There is every indication that we find ourselves on the
threshold of a period which we might call the era of one single
global civilization. This civilization can only survive if it
perceives itself as multicultural and multipolar, and bases its
existence on the principle of cooperation, on an equal footing,
of all its spheres, of all the cultures, regions and continents
that it encompasses. In other words, it has to look for patterns
of coexistence that correspond with all the good things generated
throughout the history of human civilizations and with all the
good standards to be found in the roots of the cultures which
form it - patterns shared by all rather than imposed by some upon
others. I am putting this very briefly, and thus in a somewhat
simplified manner, but I hope you understand what I have meant
to say: that the salvation of this civilization can only be found
in a new type of universalism. Metaphorically, we might perhaps
call it ecumenical universalism. That means that everyone should
be allowed to be themselves and to maintain their unique identities
while, at the same time, all should be able to live together,
drawing on a shared minimum of universal values which they have
embraced not because someone has forced them to do so, but because
these values are a part of their primordial nature with which
they genuinely identify.
It is a natural manifestation of this new era that the
world has seen the emergence and development of a variety of more
or less integrated groupings of states that share the same background
of civilization and are close to one another geographically, culturally,
historically, politically and economically. I believe that in
future these structures may well be instrumental in meeting the
very challenges which the multipolar and multicultural character
of this civilization puts before us. First, they can guarantee
the individuality of different parts of the world, cultivating
that which distinguishes them from other regions. Second, they
can serve as tools of peaceful cooperation inside those regions.

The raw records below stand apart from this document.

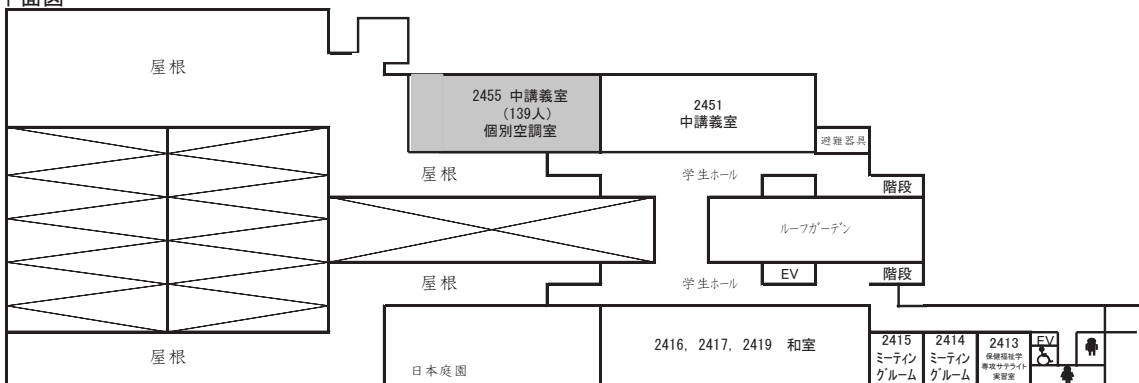

◆ 広島キャンパス教育研究棟1

(注) 貸付対象部屋の()内は、収容人員を示す。 : 貸付対象
貸付可能時間 8:00~18:00

1 階平面図

2 階平面図

3 階平面図

◆ 広島キャンパス教育研究棟2

1 階平面図

2 階平面図

3 階平面図

4 階平面図

広島キャンパス校舎配置図

※ 駐車場
「平成31年度 県立広島大学駐車場配置図」参照

平成31年度 県立広島大学 駐車場 配置図

西門 ※土日祝日は閉鎖しています。正門から出入してください。

バイク置場
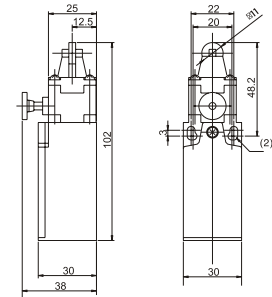

**LL6XCKN、LL6XCKNR Limit Switch 行程开关**

LL6XCKN2139P20C  
LL6XCKN2539P20C

LL6XCKN2155P20C  
LL6XCKN2555P20C

LL6XCKNR2110P20C  
LL6XCKNR2510P20C

LL6XCKNR2102P20C  
LL6XCKNR2502P20C

LL6XCKNR2121P20C  
LL6XCKNR2521P20C

LL6XCKNR2127P20C  
LL6XCKNR2527P20C

LL6XCKNR2118P20C  
LL6XCKNR2518P20C

LL6XCKNR2139P20C  
LL6XCKNR2539P20C

LL6XCKNR2145P20C  
LL6XCKNR2545P20C

LL6XCKNR2149P20C  
LL6XCKNR2549P20C
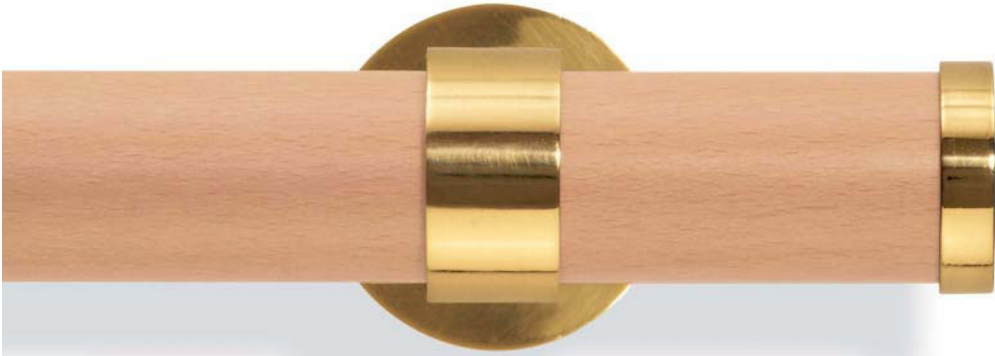

## Modellvarianten

(Endstücke frei wählbar, siehe folgende Seiten)

einläufige Garnitur

zweiläufige Garnitur  
mit 2 Rundstangen

zweiläufige Garnitur mit  
Rundstange und Innenlaufstange

**246** Nickel matt/  
ahornfarbig
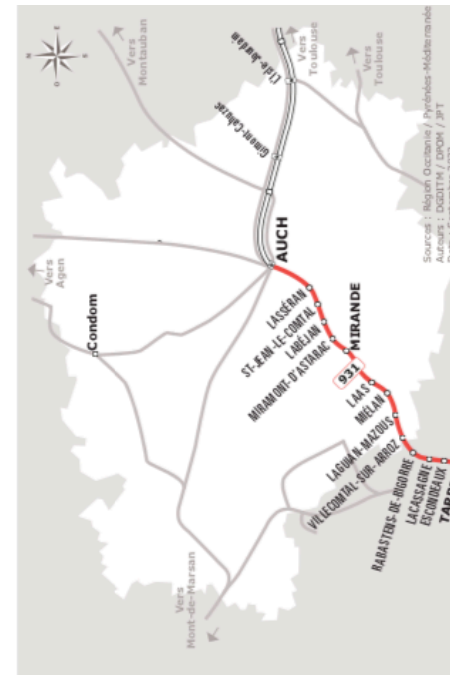

Ne circule pas le 1er mai

Tous les véhicules de cette ligne sont accessibles aux personnes en fauteuil roulant

ANNÉE 2022 - 2023
Du 1/09/2022 au 31/08/2023

Gers
931

Horaires AUTOCAR

Ligne 931
Auch > Tarbes
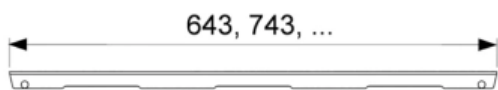

Решетка TECEdrainline "organic" для слива из нержавеющей стали, прямая 900 мм (арт. 600960)

Характеристики	Комплектация
<ul style="list-style-type: none">• Производитель: TECE• Коллекция: TECEdrainline• Страна-производитель: Германия• Поверхность: полированная• Материал: нержавеющая сталь• Цвет: сталь• Особенности: регулировка по высоте• Тип: решетка для душевого канала• Выпуск: 50• Дизайн: organic• Назначение: для душа• Пропускная способность (л/м): 8• Решетка: перфорированная• Акция: да

Third, they can facilitate and enhance cooperation of the regions
and their parts with other regions.
During the past few centuries, Europe has exported to
the rest of the world many good things, and many bad ones as well.
Now, it apparently finds itself at a fateful juncture, and has
to decide which role it will be playing in the world in the decades
and centuries to come. There are many options it can choose from.
To my mind, one of the best courses open to it, and one that it
should pursue, is the role of an exemplary integrated body that
has no expansionist ambitions and therefore threatens no one,
but is able to defend itself against a potential threat, a body
that can resolve its various internal problems by peaceful means
without deviating from the values to which it has pledged allegiance
and that seeks to have the best possible cooperation with all
the other parts of the world. In this, the North American continent,
being closest to Europe in terms of civilization, will probably
always hold the most important position.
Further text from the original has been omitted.